In a related article we have shown how you can do some PdM with R. It’s tedious. In this article we show how a platform (Dataiku) can simplify your life tremendously.

The whole project can be seen online and you can experiment with it as much as you like.

Business context: a car rental company predicting failure and maintenance of parts.

What you need:

  • as much data about the parts as possible
  • knowledge about what failed and when
  • anything you think might have an influence on the predictions (does air humidity have an influence?). This is where domain expertise matters and where as a data scientist you need input.

The process in Dataiku is not different from a manually created model: data upload, data cleaning, learning a model and making predictions. In the picture above you can see the flow and the process steps highlighted.
Dataiku makes things easy in multiple ways:

  • the process flow, once created can be run repeatedly with the same or different data. That is, you have reproducible data science.
  • uploading data or connecting raw data to external source is a breeze
  • the tedious process of cleaning data, transforming and/or partitioning things is super-easy.

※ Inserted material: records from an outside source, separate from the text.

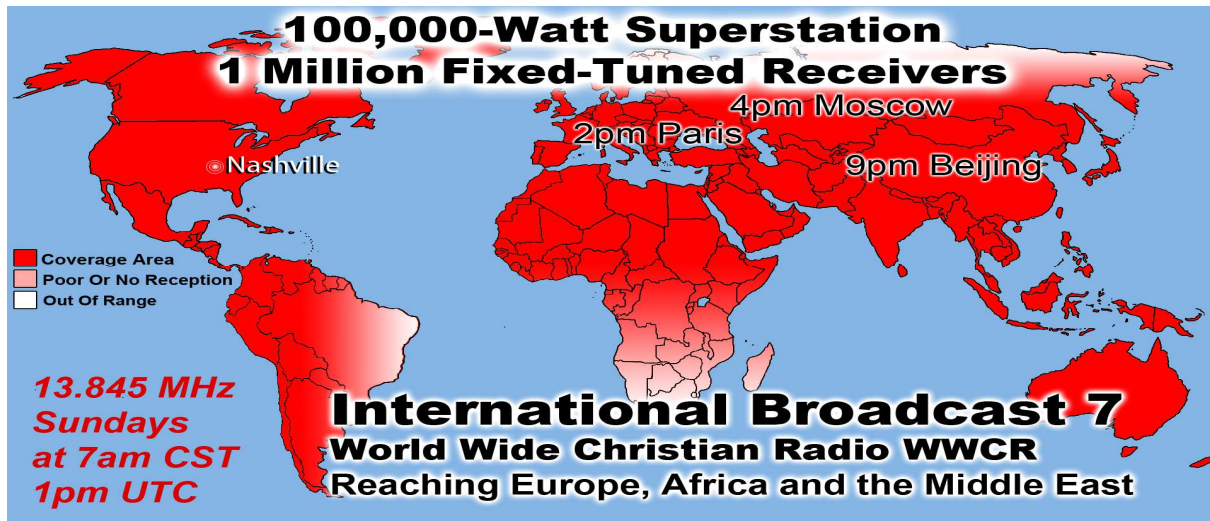

100,000-Watt Superstation - 1 Million Fixed-Tuned Receivers in Africa 5pm Moscow

■ Coverage Area
■ Poor Or No Reception
■ Out Of Range

15.825 MHz
Sundays at 8am CST
2pm UTC

International Broadcast 1
World Wide Christian Radio WWCR
 Reaching North & South America, Europe, Russia, Africa, the Middle East, Asia & India

Lots of helpful tools perform what takes deep API knowledge in R or Python.
  • the result can be immediately turned into a web service

Not always needed but still nice to have: you can use the integrated dashboarding (below) environment (HTML, d3.js and all that).

What is the catch? Well, you need to buy a license but as far as I can see that’s the only setback. Just compare the amount of code you need in R or Python vs. the visual construction in Dataiku. Besides the collaborative features and much more (Spark integration and such).